From “Prayer for Friends” (ca. 1070-1080)
I pray you, good and gracious God, for those who love me for your sake and whom I love in you. And I pray more earnestly for those whom you know love me and whom I do most truly love. I am not doing this, Lord, as being righteous and free from sin, but as one urged on by some kind of love for others. So love them, you Source of love, by whose command and gift I love them; and if my prayer does not deserve to avail for them because it is offered to you by a sinner, let it avail for them because it is made at your command. Love them, author and giver of love, for your own sake, not mine, and make them love you with all their heart, all their soul, and all their mind, so that they will and speak and do only what pleases you and is expedient for them.

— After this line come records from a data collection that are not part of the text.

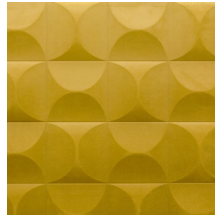

CARRELAGE

Colección Spectra

Historia de la colección

Nuestro equipo de diseñadores está continuamente en busca de motivos y colores que coincidan con el espíritu de la época. Tras las colecciones Enigma, Eclipse e Intrigue, nos embarcamos en la aventura de un revestimiento mural tridimensional llamado Spectra. Esta línea aún armoniosos patrones y colores que encontrarán su lugar en cualquier interior, ya que sus combinaciones de relieves, motivos y tonalidades están siempre en consonancia y equilibrio.

Especificaciones técnicas

Referencia	<u>61513</u>
Categoría de producto	Couture
Composición	Revestimiento mural textil 3D sobre base no tejida
Descripción	Revestimiento de pared con un aspecto y sensación suaves
Dimensiones	Ancho 122 cm / se vende por metro lineal
Case	Case recto 30,5 cm
Observación	Repele las manchas y el agua y aporta un efecto positivo en la acústica
Pegamento	Arte Clearpro o una cola de dispersión de buena calidad
Cómo encolar	Encolar la pared
Resistencia a la luz	Buena resistencia a la luz
Cómo retirar	Arrancable en seco
Certificado ignífugo EU	D-s1, d0
Certificado ignífugo US	Class A
Mantenimiento	Durante la colocación se puede utilizar una esponja húmeda (retirar las manchas de cola fresca)

Colores (5)

61510

61511

61512

61513

61514

Vista

Más información? [Haga clic aquí](#)

St. Anselm (1033-1109) was an Italian abbot and theologian, who served as Archbishop of Canterbury from 1093 until his death. A gifted philosophical theologian, he developed the first ontological proofs for God’s existence and the satisfaction theory of the atonement, which is presented in his famous treatise Cur Deus Homo (“Why God Became Man”). Under his leadership, the Abbey of Bec became Europe’s foremost seat of scholarship. Anselm’s tenure as archbishop was marked by conflict with English kings as he insistently sought reform. His feast day is April 21. The text is cited from Benedicta Ward, trans., The Prayers and Meditations of St. Anselm with the Prosologion (London: Penguin, 1973), 214.